KOTI’s Oseno Jissle

Driven by perfectionism

Rotterdam is the capital of crossover concepts: with bars that turn into clubs and shops that equal as galleries, it´s a playground for young entrepreneurs.


One such entrepreneur and connoisseur of the crossover concept is Oseno Jissle. The 27-year old from Rotterdam is the founder and mastermind behind KOTI, short for Kids Of the Industry, a collective of young creatives creating quality content in music, imagery and fashion.

We first met through friends, and since we were moving in the same circles it was only logical that our paths would cross again. This time it´s for a talk long overdue, about his ambitions, his wisdom and his superpowers.

As mentioned before, KOTI stands for Kids of the Industry and is a a Rotterdam based collective, consisting of musicians, DJs, fashion designers, photographers, graphic designers: creative people in general. KOTI gives these creatives a platform to showcase their talents through the collective. In the near future they are shifting the focus to online, to create a bigger community of creatives, contributing, creating and networking.
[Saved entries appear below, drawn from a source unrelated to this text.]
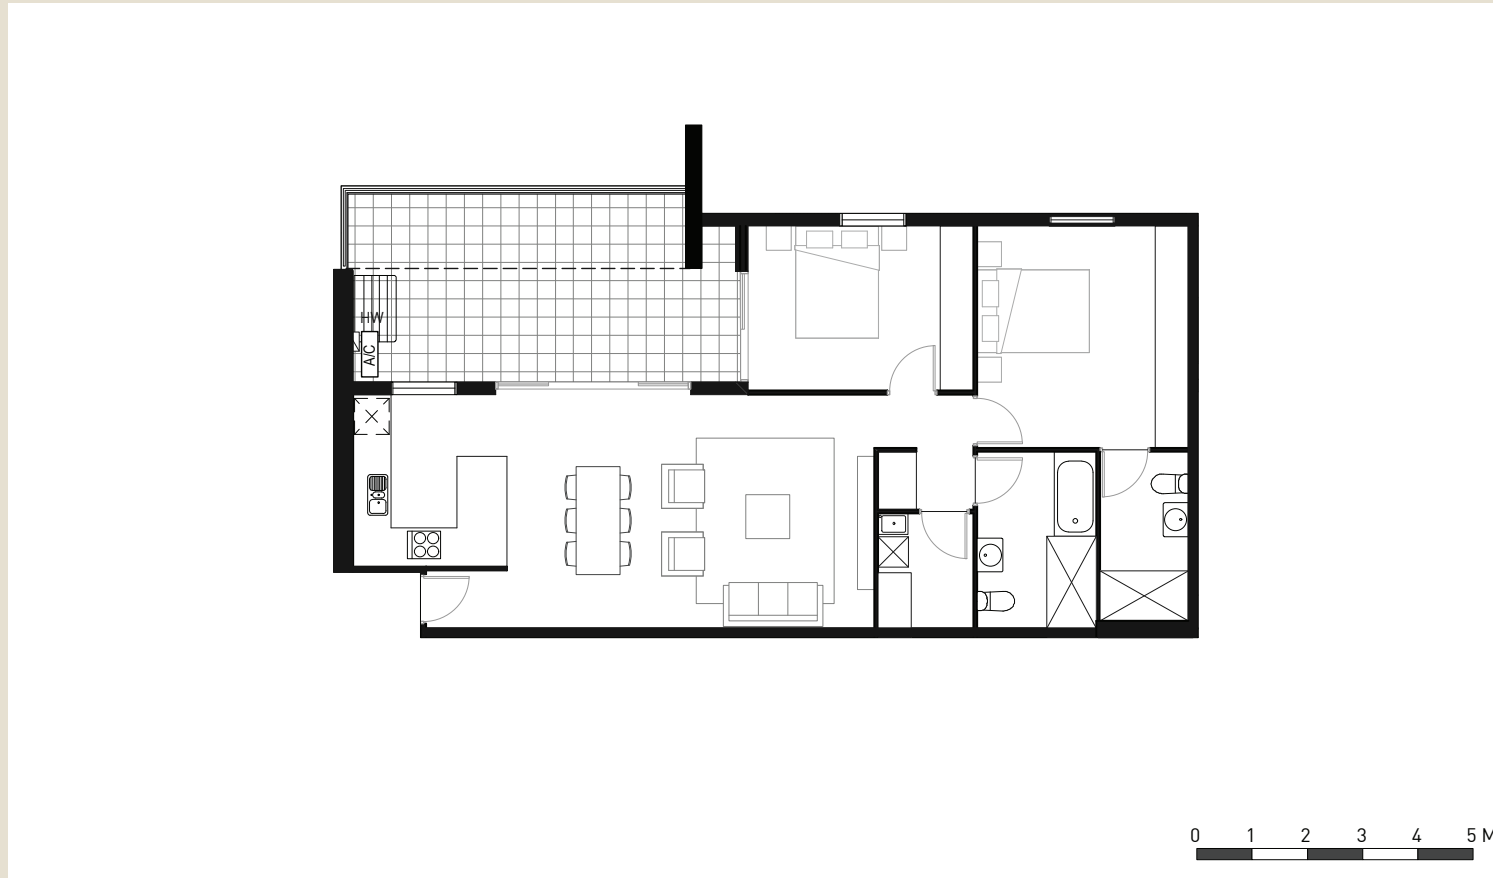

Apartment 33

2 Bed · 2 Bath · 1 Car

Internal · 83sqm

External · 22sqm

Garage · 21sqm

Total Area · 126sqm

Brittany

Morley St Sutherland

KOTI as a concept is always growing: “In the beginning there was no plan, just the vague idea to form a group, a collective. The first time the thought came up was during the shooting of a fashion video in London for my label NOUV´N. I enjoyed being in charge of the process from beginning to end, working and collaborating with people close to me.”

The first person Oseno shared his idea with was the young photographer Rosa Quist, who later became part of the collective as Head of Photography.
After the initial start as a group with regular people Oseno soon realized the benefits of operating as an open platform, and changed the focus from a closed crew to open source: “More people, less boundaries. There are more impulses coming from the outside now which stimulates an organic growth of projects.”

“If I were a superhero, my alias would be Black Dynamite.
He doesn’t have any superpower, he’s just a boss.”

When I ask him about his grand plan for the future he pauses. I know him to very carefully formulate his answers, not wanting to give away too much. Consequently his answer doesn´t surprise me: “I´m working on it on a daily basis but I always take into account things that could go wrong, external factors, so I never plan too far ahead. I can tell you, however, that I´ve already reached all of my goals for 2015, so I´m on schedule.”

He reveals to me he will go pretty far to reach his goals, but he needs the rest of his crew to ride the same wave: “As soon as I notice that people are not putting in as much energy as they should we meet as a group to figure out what/who is the weak link and do something about it. Taking advantage of other peoples hard work while not giving anything in return is no option.”
Working as a group is one of the key values of KOTI, “I created the concept of KOTI as it is, but I couldn’t have done it on my own.”


Travis Scott, photo by KOTI Pictures

“The initiative is based on collaboration. Filming, rapping, producing, I can´t do it all at the same time. As a matter of fact, I can’t rap nor produce at all.”

This focus on collaboration also turned out to be his biggest pitfall: “I have trouble with opinions.. I’m used to always make all decisions on my own, whereas now I need to take into account other people with other tastes and other ideas.”

He tells me he learned that he needed to let go of control a bit in order for KOTI to keep growing. I wonder how he got to that point, as his entrepreneurial spirit seems to be driven by his perfectionism. How does a perfectionist get peace from the transition of controlling everything to an creating an open source platform with significantly less control?

To quote Dutch artist Willem de Kooning: I have to change to stay the same. Oseno had to grow not just as an entrepreneur but also personally, to keep KOTI relevant as a collective. “In the beginning I had to get everybody on the same page by controlling everything and taking charge, but now that everybody more or less knows what has to be done I can take a step back.”

KOTI is far from fulfilling its full potential, but has come a long way since the very beginning. According to Oseno the key is to not think too much, but act. There’s a Dutch verb that goes something like: stop bullshitting, start cleaning, and that’s exactly the philosophy Oseno goes by: “If it doesn’t work out the way you want it to, you find a solution or an alternative but never, ever, give up.”